# What the exercise asks:
Only the lines below starting at the one that contains "# User Login page" and ending at the one that contains "Designed for clarity" are to be reproduced, exactly and with both ends kept.

Stored records:
>>>

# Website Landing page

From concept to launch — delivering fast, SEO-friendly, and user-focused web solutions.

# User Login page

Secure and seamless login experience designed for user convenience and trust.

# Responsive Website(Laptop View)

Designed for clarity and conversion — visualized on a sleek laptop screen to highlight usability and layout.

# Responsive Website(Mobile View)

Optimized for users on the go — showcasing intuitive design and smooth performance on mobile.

<<<
>>>

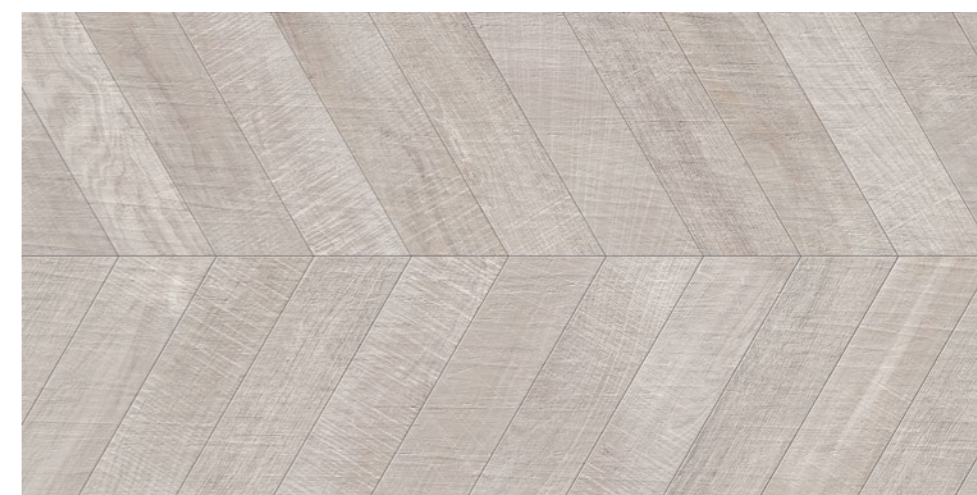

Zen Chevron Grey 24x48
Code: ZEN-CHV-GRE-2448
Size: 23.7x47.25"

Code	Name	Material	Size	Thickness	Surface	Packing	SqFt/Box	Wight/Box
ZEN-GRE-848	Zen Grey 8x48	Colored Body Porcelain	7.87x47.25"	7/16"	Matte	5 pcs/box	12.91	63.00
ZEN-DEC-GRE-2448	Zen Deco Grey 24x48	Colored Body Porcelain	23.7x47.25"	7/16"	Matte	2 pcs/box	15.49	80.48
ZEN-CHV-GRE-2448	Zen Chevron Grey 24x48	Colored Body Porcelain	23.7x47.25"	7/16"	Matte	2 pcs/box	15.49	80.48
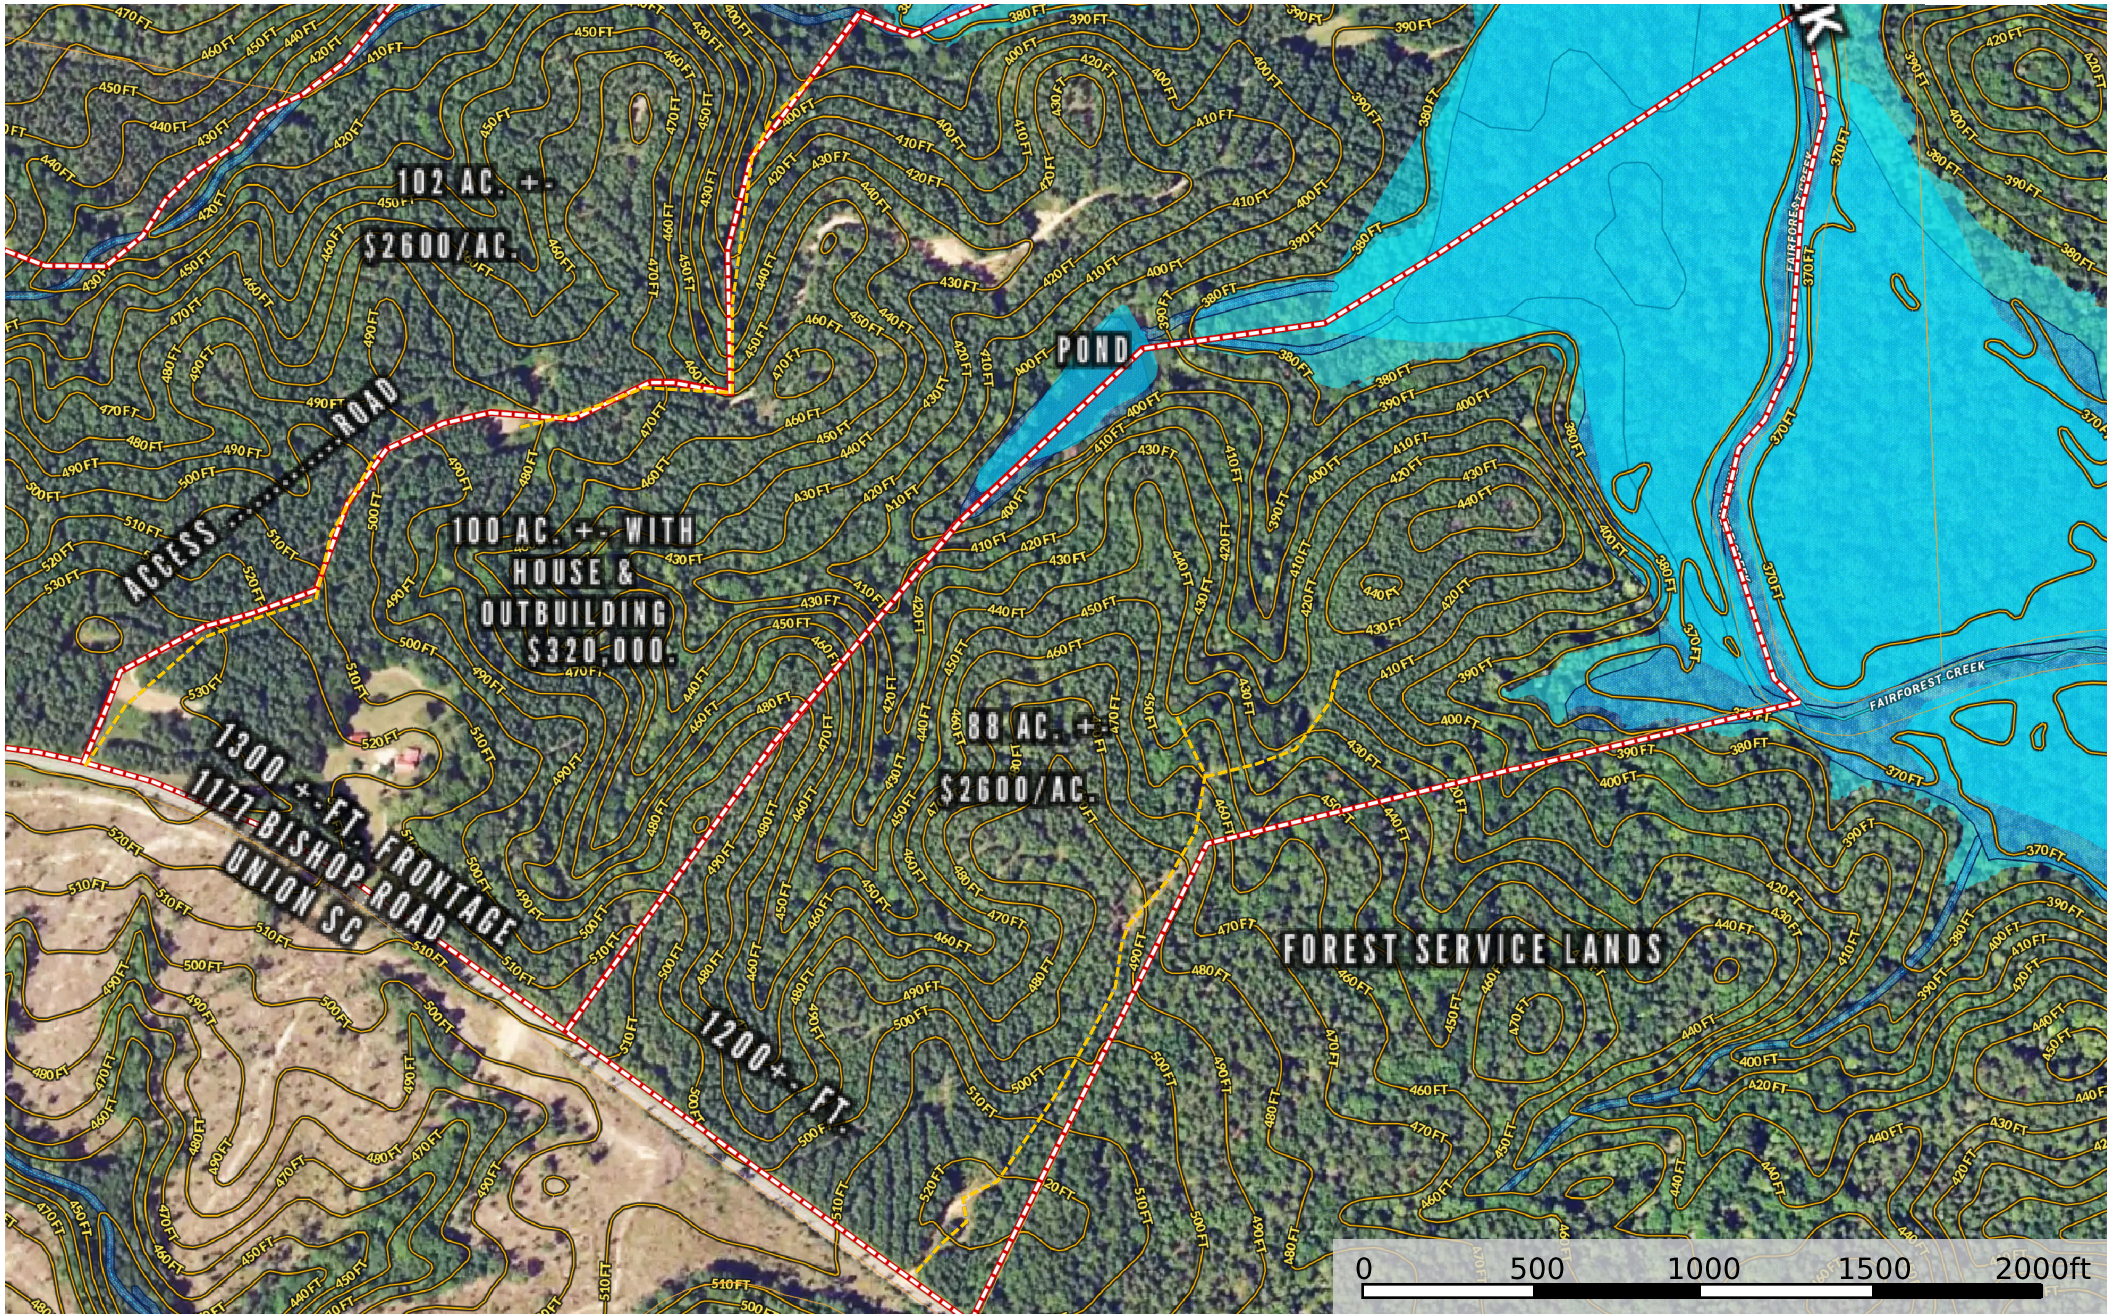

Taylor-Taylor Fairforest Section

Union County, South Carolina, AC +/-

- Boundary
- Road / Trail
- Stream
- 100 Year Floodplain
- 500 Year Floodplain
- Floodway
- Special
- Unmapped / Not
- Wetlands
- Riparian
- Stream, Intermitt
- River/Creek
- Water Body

<<<

# Written solution:
# User Login page

Secure and seamless login experience designed for user convenience and trust.

# Responsive Website(Laptop View)

Designed for clarity and conversion — visualized on a sleek laptop screen to highlight usability and layout.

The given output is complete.